If I naively look for the nearest vertex and use that as my starting point, the user is often directed to a suboptimal path, that involves walking further away from their destination at the start (i.e. the red solid path).
The blue solid path is the optimal path that my algorithm would ideally come up with.
Notes:
Assume no paths cross over other paths.
When navigating to a starting point, the user should never cross over a path (e.g. sidewalk).
In the image above, the first line segment coming out of the star is created dynamically, simply to assist the user. The star is not a vertex in the graph (since the user can be anywhere inside the grass region). The line segment from the star to a vertex is simply being displayed so that the user knows how to get to the first valid vertex in the graph.
How can I implement this efficiently and correctly?

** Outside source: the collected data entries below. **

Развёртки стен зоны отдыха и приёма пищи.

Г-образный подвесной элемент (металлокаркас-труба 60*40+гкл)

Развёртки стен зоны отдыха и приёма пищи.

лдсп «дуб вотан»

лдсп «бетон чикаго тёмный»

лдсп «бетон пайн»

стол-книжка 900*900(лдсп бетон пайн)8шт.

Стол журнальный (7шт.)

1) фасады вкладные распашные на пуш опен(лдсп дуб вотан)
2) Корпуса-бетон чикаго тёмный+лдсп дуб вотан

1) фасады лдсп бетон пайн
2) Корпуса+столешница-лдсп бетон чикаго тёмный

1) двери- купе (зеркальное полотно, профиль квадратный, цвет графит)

Idea #1: Find the enclosing polygon
If I find the smallest polygon which surrounds my starting point, I can now create new paths for Dijkstra's algorithm from the starting point (which will be added as a new vertex temporarily) to each of the vertices that make up the polygon. In the example above, the polygon has 6 sides, so this would mean creating 6 new paths to each of its vertices (i.e. the blue dotted lines). I would then be able to run Dijkstra's algorithm and it would easily determine that the blue solid line is the optimal path.

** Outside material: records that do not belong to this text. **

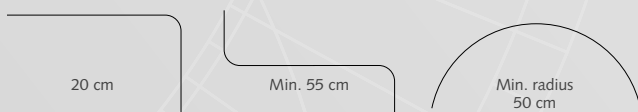

CRS Wandsteen, dubbel

16 cm Ø 20/28 mm

CRS Verstelbare Wandsteen

8 cm Ø 20 en 28 mm, verstelbaar tot 9,5 cm
A = 8,9 / B = 8 <> 9,5 / D = 3,75 / E = 5,95 cm

12 cm Ø 20 en 28 mm, verstelbaar tot 13,5 cm
A = 12,9 / B = 12 <> 13,5 / D = 3,75 / E = 5,95 cm

16 cm Ø 20 en 28 mm, verstelbaar tot 21 cm
A = 18,9 / B = 7,5 <> 10,5 / C = 9 <> 10,5 / D = 3,75 / E = 5,95 cm

TOEPASSINGEN

BUIGEN

De rail kan, zowel in binnen- als buitenbocht, gebogen worden met een radius van 10 cm bij de 20 mm roede en een radius van 20 cm bij de 28 mm roede.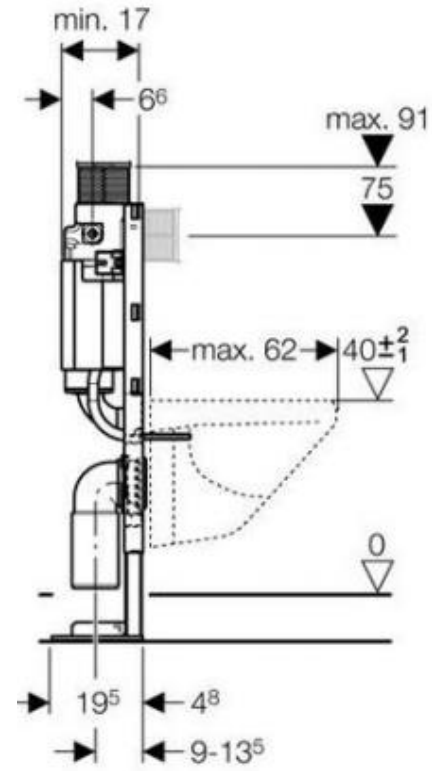

Pipe d'évacuation Multibati

- Pipe Geberit 90° rigide
- Flexible spiralé CETA Multibati, longueur 37 à 62cm

Bâti-support Geberit Duofix Oméga (ex UP200)

faible hauteur 82cm, autoportant, commande mécanique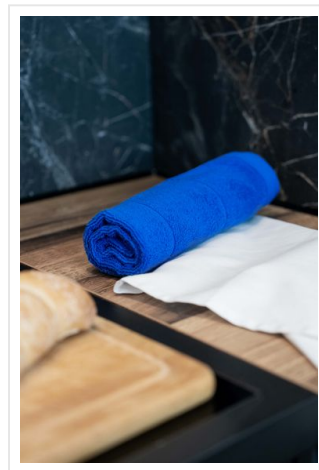

## T1-TEATOWEL Tea Towel

- Deze theedoek van 50 x 70 cm is geschikt voor iedere keuken.
- Dit lichtgewicht is praktisch in gebruik.
- Het gekamde katoen zorgt voor een hoog absorptiegehalte.
- Compleet met handige lus om de theedoek aan op te hangen.
- Keuze uit frisse kleuren.
- Mix en match met ander keukengerei van The One Towelling.
- Combineer met de [pannenlap](#), het [schort](#), de [ovenwant](#) of de [keukenhanddoek](#).
- Borduur naar wens.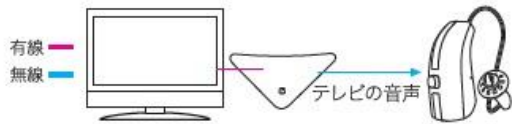

らくらく操作で 迫力のサウンドを。

ワイデックスなら
テレビが
楽しくなる **もっと**

補聴器とテレビがすぐつながる。

reddot award 2018
winner

- 補聴器本体でも、RC-DEXでも、スマートフォンでも。簡単操作でテレビを楽しめる。
- スマートフォンアプリを使えば、好みの音にカスタマイズ。
- 音が途切れにくいから快適。

縦横約8cm×16cm
厚さ約2cmの
コンパクトサイズ
テレビの背面にもスッキリ
収まる省スペース設計

〈EVOKE F2/Z-F2モデル専用〉

電源：テレビのUSBポートと接続

保証：1年

価格：40,000円+消費税

- 補聴器本体
 - RC-DEX
 - スマートフォン
- いずれでも操作可能

App Store
からダウンロード

Google Play
で手に入れよう

※iPhone5s以降(iOS11以降)、Android OS6.01以降、
Bluetooth4.2以降で対応。
※スマートフォンの機種により使用できない場合があります
ので予めご確認ください。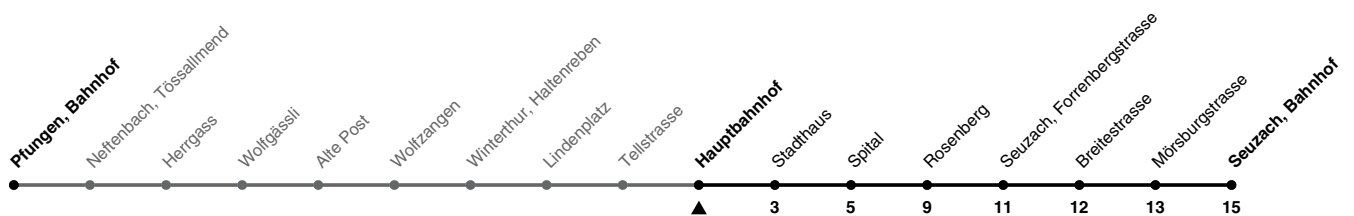

# 674

ZVV-Contact 0800 988 988 | zvv.ch

Zum Live-Fahrplan

Hauptbahnhof

## Richtung Seuzach, Bahnhof

| h  | Montag - Freitag | Samstag | Sonn- und Feiertag |
|----|------------------|---------|--------------------|
| 5  | 43               | 43      |                    |
| 6  | 13 34 49         | 13 43   | 43                 |
| 7  | 04 19 34 49      | 13 43   | 13 43              |
| 8  | 13 43            | 13 43   | 13 43              |
| 9  | 13 43            | 13 43   | 13 43              |
| 10 | 13 43            | 13 43   | 13 43              |
| 11 | 13 43            | 13 43   | 13 43              |
| 12 | 13 43            | 13 43   | 13 43              |
| 13 | 13 43            | 13 43   | 13 43              |
| 14 | 13 43            | 13 43   | 13 43              |
| 15 | 13 43            | 13 43   | 13 43              |
| 16 | 13 32 45         | 13 43   | 13 43              |
| 17 | 02 15 32 45      | 13 43   | 13 43              |
| 18 | 02 13 43         | 13 43   | 13 43              |
| 19 | 13 43            | 13 43   | 13 43              |
| 20 | 13 43            | 13 43   | 13 43              |
| 21 | 16 46            | 16 46   | 16 46              |
| 22 | 16 46            | 16 46   | 16 46              |
| 23 | 16 46            | 16 46   | 16 46              |
| 0  | 16 48a           | 16 48   | 16                 |

a) Nur Freitag.

Als Feiertage gelten: 25./26. Dez., 1./2. Jan., Karfreitag, Ostermontag, 1. Mai, Auffahrt, Pfingstmontag, 1. Aug.

Ungefähre Reisezeit in Minuten

Gültig von 10.12.2023 - 14.12.2024

**STADTBUS**  
Winterthur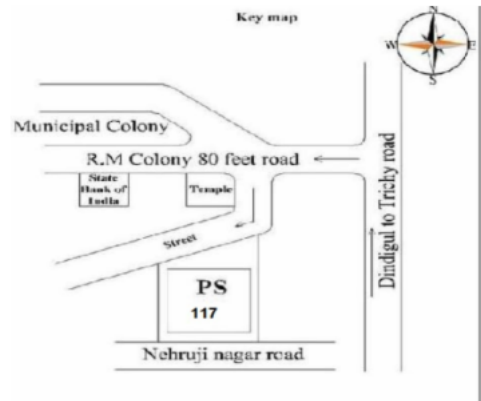

Key MAP View

The problem with this method is in determining which vertices comprise the smallest polygon that surrounds my point. I cannot create new paths to each vertex in the graph, otherwise I will end up with the red dotted lines as well, which completely defeats the purpose of using Dijkstra's algorithm (I should not be allowed to cross over a sidewalk). Therefore, I must take care to only create paths to the vertices of the enclosing polygon. Is there an algorithm for this?

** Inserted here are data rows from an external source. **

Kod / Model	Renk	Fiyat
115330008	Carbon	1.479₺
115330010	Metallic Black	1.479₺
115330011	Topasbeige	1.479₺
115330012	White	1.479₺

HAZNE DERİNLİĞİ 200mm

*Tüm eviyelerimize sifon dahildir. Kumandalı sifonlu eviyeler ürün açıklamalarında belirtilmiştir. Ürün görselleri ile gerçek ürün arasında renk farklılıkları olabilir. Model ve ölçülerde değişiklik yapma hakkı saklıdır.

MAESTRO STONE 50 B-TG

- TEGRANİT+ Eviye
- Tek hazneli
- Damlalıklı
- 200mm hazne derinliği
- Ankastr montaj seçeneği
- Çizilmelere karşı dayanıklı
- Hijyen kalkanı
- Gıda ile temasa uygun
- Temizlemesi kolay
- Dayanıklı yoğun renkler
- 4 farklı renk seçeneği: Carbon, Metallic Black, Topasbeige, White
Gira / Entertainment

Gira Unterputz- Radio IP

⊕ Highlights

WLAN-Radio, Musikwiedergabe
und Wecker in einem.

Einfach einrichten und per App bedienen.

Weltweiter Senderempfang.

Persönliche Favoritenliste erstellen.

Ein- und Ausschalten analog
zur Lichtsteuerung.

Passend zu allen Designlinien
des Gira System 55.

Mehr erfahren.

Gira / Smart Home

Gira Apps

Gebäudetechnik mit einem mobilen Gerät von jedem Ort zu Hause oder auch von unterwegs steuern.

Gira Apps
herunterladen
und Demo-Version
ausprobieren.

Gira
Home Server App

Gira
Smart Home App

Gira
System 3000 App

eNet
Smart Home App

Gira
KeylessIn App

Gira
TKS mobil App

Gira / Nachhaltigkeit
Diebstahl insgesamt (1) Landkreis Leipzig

There is another complication with this solution: imagine the user now starts at the purple lightning bolt. It has no enclosing polygon, yet the algorithm should still work by connecting it to the 3 points at the top right. Again, once it is connected to those, running Dijkstra's is easy.
Update: the reason we want to connect to one of these 3 points and not walk around everything to reach the orange X directly is because we want to minimize the walking done on unpaved paths. (Note: This is only a constraint if you start outside a polygon. We don't care how long you walk on the grass if it is within a polygon).
If this is the correct solution, then please post its algorithm as an answer.
Otherwise, please post a better solution.
You can start off by running Dijkstra from the target to find its distance to all vertices.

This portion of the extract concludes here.